#### [TRY IT]
Please state the number of lines in the entries below where the word "przewodów" appears. Include nothing else.

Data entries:
# # # # #
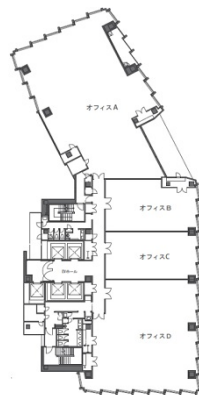

エニシオ名駅 7階30.52坪

愛知県名古屋市中村区名駅4-8-26

物件MAP

賃貸条件	
月額賃料	相談
坪数	30.52坪
坪単価	相談
共益費	相談
礼金	無し
敷金（保証金）	相談
階数	7階（C）
入居可能日	即日

ビル情報	
所在地	愛知県名古屋市中村区名駅4-8-26
最寄り駅	JR中央本線 名古屋駅 徒歩3分 JR東海道本線 名古屋駅 徒歩3分 名鉄名古屋本線 名鉄名古屋駅 徒歩3分 近鉄名古屋線 近鉄名古屋駅 徒歩3分 名古屋市営地下鉄東山線 名古屋駅 徒歩3分
エリア	名古屋駅周辺エリア
竣工	2023年8月
耐震	新耐震基準
階数	地上16階 地下2階
用途	事務所
構造	S造、一部SRC造

設備情報	
エレベーター	5基
空調	個別空調
OAフロア	OAフロア
基準階天井高	2,800mm
光ファイバー	有り
トイレ	男女別・室外
セキュリティ	有り
駐車場	有り

事務所移転の簡単検索サイト

Quick Service

クイックサービス

エニシオ名駅 7階30.52坪 愛知県名古屋市中村区名駅4-8-26

名古屋駅周辺エリア（ビルID：0054604）の賃貸オフィス

貸事務所・レンタルオフィス・オフィス移転なら**QuickService**
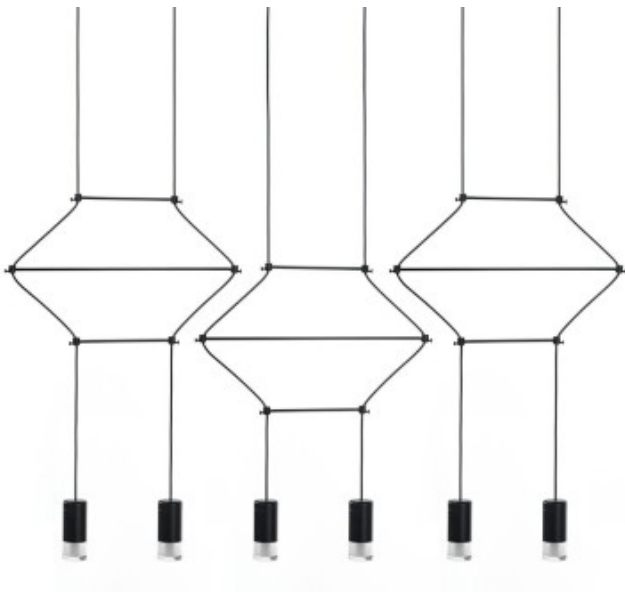

Link do produktu: <https://kaldekor.pl/lampa-wiszaca-flusso-line-6-czarna-p-12828.html>

## Lampa wisząca FLUSSO LINE 6 czarna - Moosee

|                   |                      |
|-------------------|----------------------|
| Nasza cena brutto | <b>999,00 zł</b>     |
| Dostępność        | <b>Dostępny</b>      |
| Czas wysyłki      | <b>3 dni</b>         |
| Numer katalogowy  | <b>5900168814738</b> |
| Kod producenta    | <b>MSE1501100472</b> |
| Kod EAN           | <b>5900168814738</b> |

## Lampa wisząca FLUSSO LINE 6 czarna - Moosee

Lampa wisząca Flusso Line 6.

Minimalistyczna i zaskakująca konstrukcja. Lampa wykonana została z sześciu jednakowych przewodów.

Kształt lampie nadają metalowe elementy, które wraz z przewodami tworzą geometryczną konstrukcję w czarnym kolorze. Elementy pozwalają na połączenie dwóch przewodów, tworząc trzy oddzielne konstrukcje.

Światło: Wbudowany moduł LED 10,5 W / 840 lm / 3000 K

Oprawa: wys. 220 cm / szer. 100 cm / gł. 8 cm

Mocowanie: wys. 4 cm / szer. 86 cm / gł. 5 cm

Montaż: instalacja sufitowa

Waga netto: 4 kg

Wymiary opakowania: 93 cm / 15 cm / 15 cm.
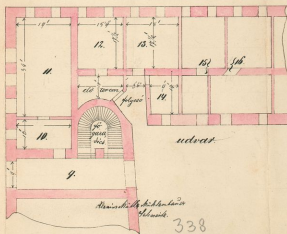

földszint helyiségek magassága 11. láb

8. a. kőbánya	15. v. kőbánya
9. a. kőbánya	16. v. kőbánya
10. a. kőbánya	
11. a. kőbánya	
12. a. kőbánya	
13. a. kőbánya	
14. a. kőbánya	
15. a. kőbánya	
16. a. kőbánya	

Magyar Kir. Fővárosi Építési Hivatal
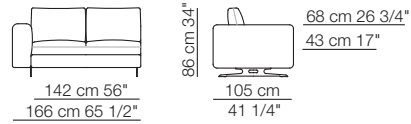

Lee sofa composition L01
Cradle small table

LEE

Divani
Sofas

Elementi con 1 bracciolo
Units with 1 armrest

Elementi senza braccioli
Units without armrests

LEE

Elementi angolo con 1 bracciolo
Corner units with 1 armrest
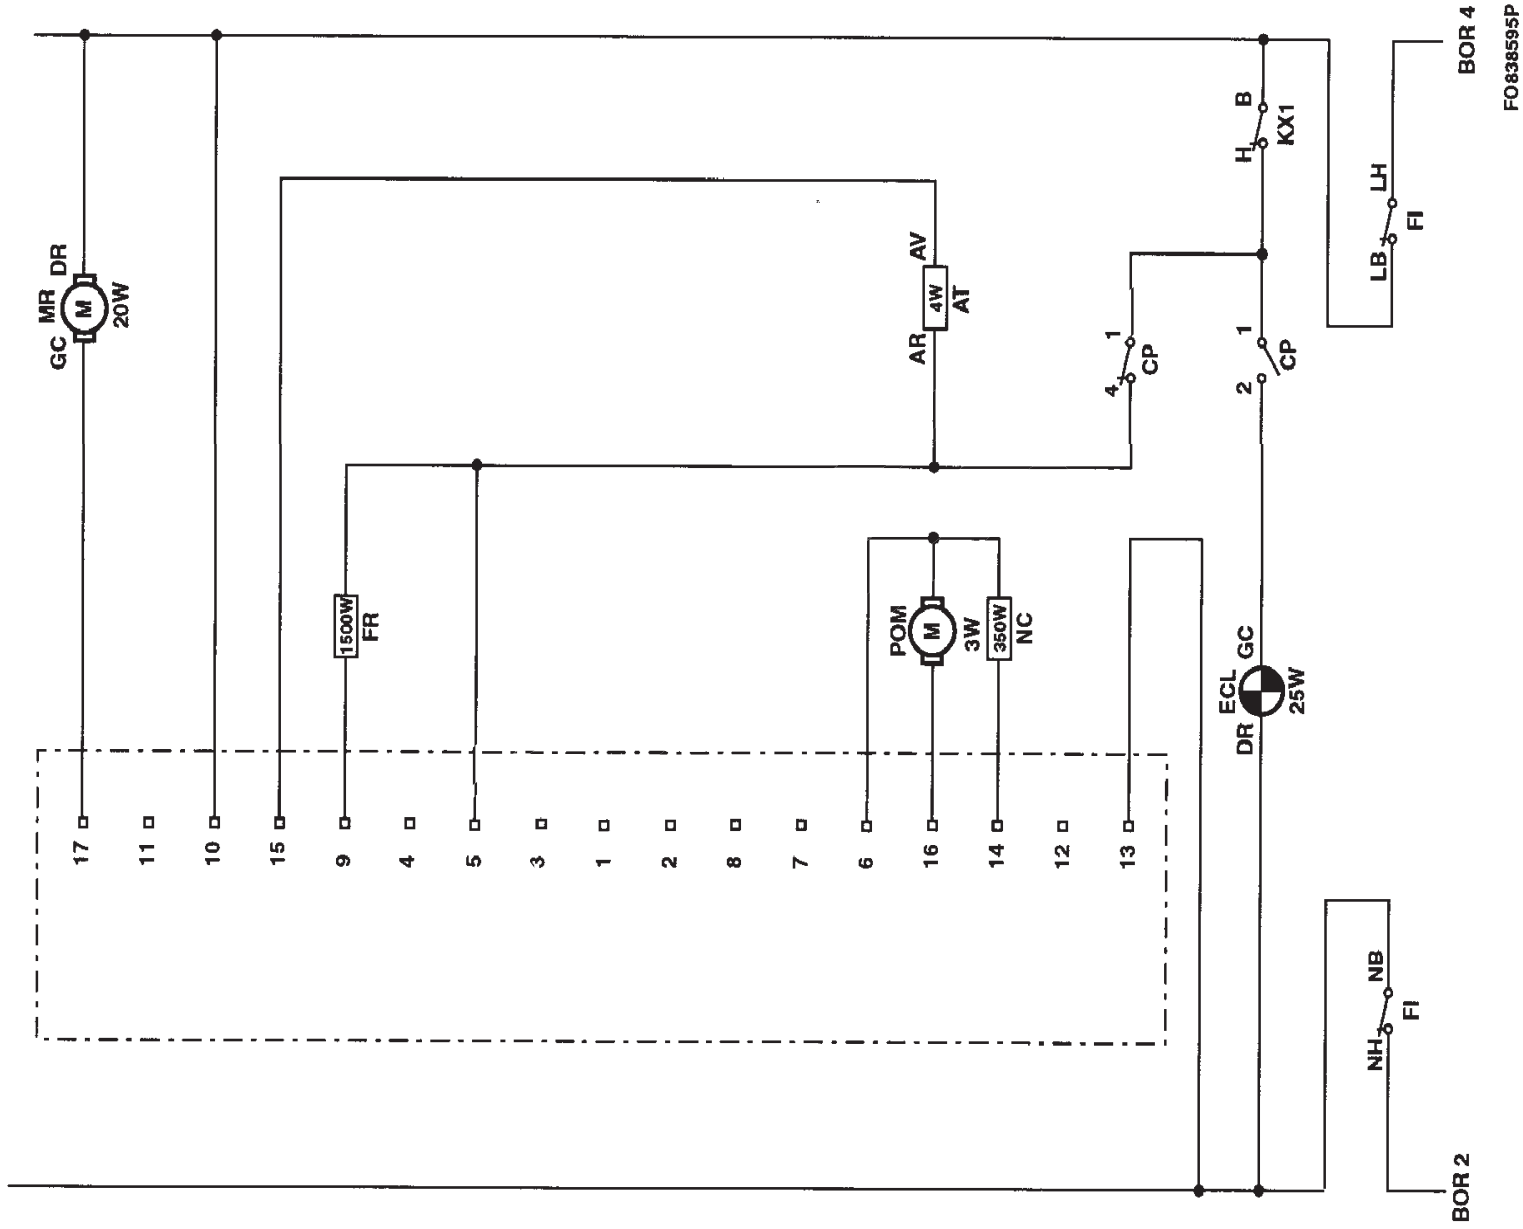

**FOUR VAPEUR**  
DOV101BE1  
DOV101BE1/1  
H234DD191

**NOTICE  
TECHNIQUE**

**Brandt Service**

**7DF0540**

08/2001  
NT 1/2

**STEAM OVEN**  
DOV101BE1  
DOV101BE1/1  
H234DD191

**TECHNICAL INSTRUCTIONS**

**Brandt Service**

**7DF0540**

08/2001  
TI 1/2

**BACKOFEN DAMPF**

DOV101BE1  
DOV101BE1/1  
H234DD191

**TECHNISCHE  
ANLEITUNG**

**Brandt Service**

**7DF0540**

08/2001  
TA 1/2
# # # # #
#### [RESPONSE TO THIS EXERCISE]
2